[Stored records]
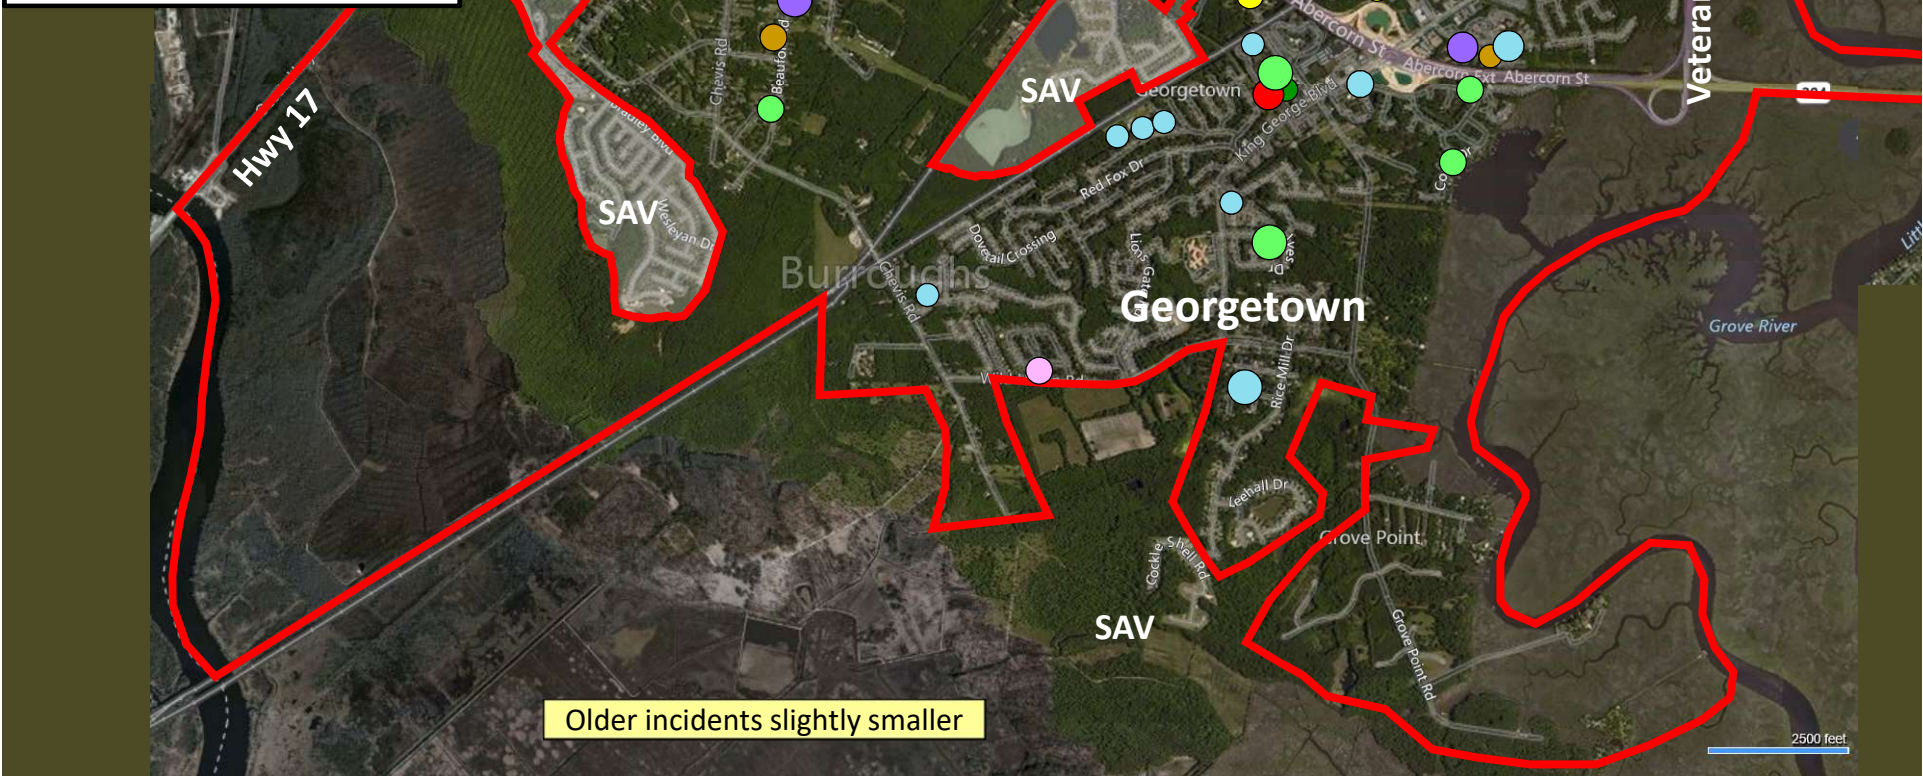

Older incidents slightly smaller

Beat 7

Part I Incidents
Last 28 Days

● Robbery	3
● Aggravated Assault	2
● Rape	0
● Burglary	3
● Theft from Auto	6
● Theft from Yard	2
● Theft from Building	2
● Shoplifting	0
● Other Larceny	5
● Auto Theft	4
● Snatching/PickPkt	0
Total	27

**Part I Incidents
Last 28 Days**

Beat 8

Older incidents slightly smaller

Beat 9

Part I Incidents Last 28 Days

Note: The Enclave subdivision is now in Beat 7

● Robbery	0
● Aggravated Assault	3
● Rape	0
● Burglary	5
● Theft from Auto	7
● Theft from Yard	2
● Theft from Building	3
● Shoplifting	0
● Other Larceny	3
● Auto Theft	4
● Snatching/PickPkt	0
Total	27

---

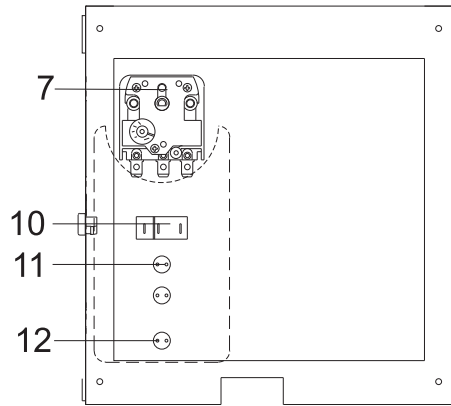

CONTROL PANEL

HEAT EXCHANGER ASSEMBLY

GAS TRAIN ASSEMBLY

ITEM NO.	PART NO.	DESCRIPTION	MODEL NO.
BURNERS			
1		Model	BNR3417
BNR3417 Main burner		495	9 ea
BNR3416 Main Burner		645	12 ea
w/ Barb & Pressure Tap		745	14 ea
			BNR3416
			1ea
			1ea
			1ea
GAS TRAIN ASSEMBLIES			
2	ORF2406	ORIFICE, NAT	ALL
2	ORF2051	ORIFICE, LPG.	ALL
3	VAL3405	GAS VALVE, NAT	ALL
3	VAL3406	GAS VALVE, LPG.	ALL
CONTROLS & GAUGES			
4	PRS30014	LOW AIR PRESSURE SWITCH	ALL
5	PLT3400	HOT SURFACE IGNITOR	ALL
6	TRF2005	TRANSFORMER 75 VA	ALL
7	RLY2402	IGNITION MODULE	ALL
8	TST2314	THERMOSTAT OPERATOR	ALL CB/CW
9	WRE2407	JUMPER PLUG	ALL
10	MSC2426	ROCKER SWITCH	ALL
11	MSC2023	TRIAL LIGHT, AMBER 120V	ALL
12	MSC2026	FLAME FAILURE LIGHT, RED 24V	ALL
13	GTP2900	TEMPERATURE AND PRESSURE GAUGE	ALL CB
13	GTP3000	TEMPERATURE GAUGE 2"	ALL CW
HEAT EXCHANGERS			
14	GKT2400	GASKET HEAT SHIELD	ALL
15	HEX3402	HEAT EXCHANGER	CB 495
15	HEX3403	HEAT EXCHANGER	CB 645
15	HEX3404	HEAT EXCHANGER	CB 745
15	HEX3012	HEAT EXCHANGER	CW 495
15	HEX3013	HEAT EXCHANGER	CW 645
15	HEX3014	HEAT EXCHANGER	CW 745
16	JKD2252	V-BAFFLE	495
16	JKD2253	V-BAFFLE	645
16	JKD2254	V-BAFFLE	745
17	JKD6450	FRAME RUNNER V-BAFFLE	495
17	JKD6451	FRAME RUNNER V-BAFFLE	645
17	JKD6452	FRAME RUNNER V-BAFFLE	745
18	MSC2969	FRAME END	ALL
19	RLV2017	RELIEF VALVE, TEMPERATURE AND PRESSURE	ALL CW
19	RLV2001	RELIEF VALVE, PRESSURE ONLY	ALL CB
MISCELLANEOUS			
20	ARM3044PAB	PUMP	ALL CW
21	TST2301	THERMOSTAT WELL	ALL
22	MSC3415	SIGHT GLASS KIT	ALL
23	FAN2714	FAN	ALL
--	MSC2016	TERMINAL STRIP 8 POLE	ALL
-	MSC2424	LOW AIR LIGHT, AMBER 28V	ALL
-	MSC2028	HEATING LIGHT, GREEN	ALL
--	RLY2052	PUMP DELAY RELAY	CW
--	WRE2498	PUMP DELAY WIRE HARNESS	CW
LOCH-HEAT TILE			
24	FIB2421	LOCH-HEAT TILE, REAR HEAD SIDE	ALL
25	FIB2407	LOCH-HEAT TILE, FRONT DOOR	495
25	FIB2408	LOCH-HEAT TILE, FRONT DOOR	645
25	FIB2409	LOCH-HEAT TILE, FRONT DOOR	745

==

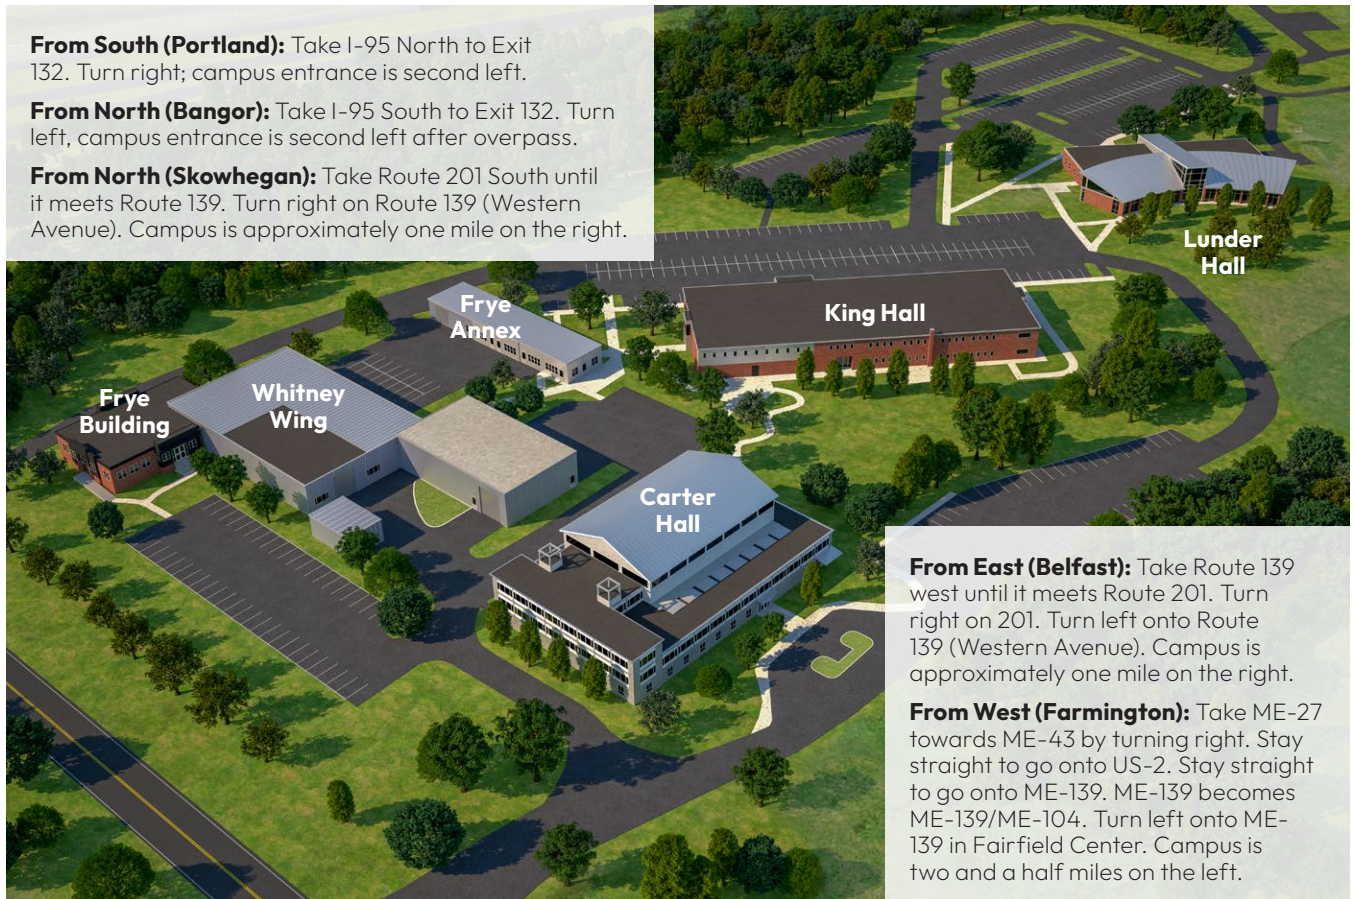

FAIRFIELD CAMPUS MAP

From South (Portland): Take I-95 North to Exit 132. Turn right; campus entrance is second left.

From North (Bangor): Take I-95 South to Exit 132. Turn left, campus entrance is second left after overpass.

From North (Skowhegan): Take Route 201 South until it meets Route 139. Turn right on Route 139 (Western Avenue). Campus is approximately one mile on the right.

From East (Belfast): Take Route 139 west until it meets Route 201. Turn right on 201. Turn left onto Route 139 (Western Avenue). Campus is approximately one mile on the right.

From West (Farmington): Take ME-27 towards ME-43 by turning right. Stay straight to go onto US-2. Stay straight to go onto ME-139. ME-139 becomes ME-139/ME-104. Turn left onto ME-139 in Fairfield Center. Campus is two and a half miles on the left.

- TASK PROMPT
Take from the entries every line that has the string "Main".

- EXERCISE SOLUTION
BNR3417 Main burner		495	9 ea
BNR3416 Main Burner		645	12 ea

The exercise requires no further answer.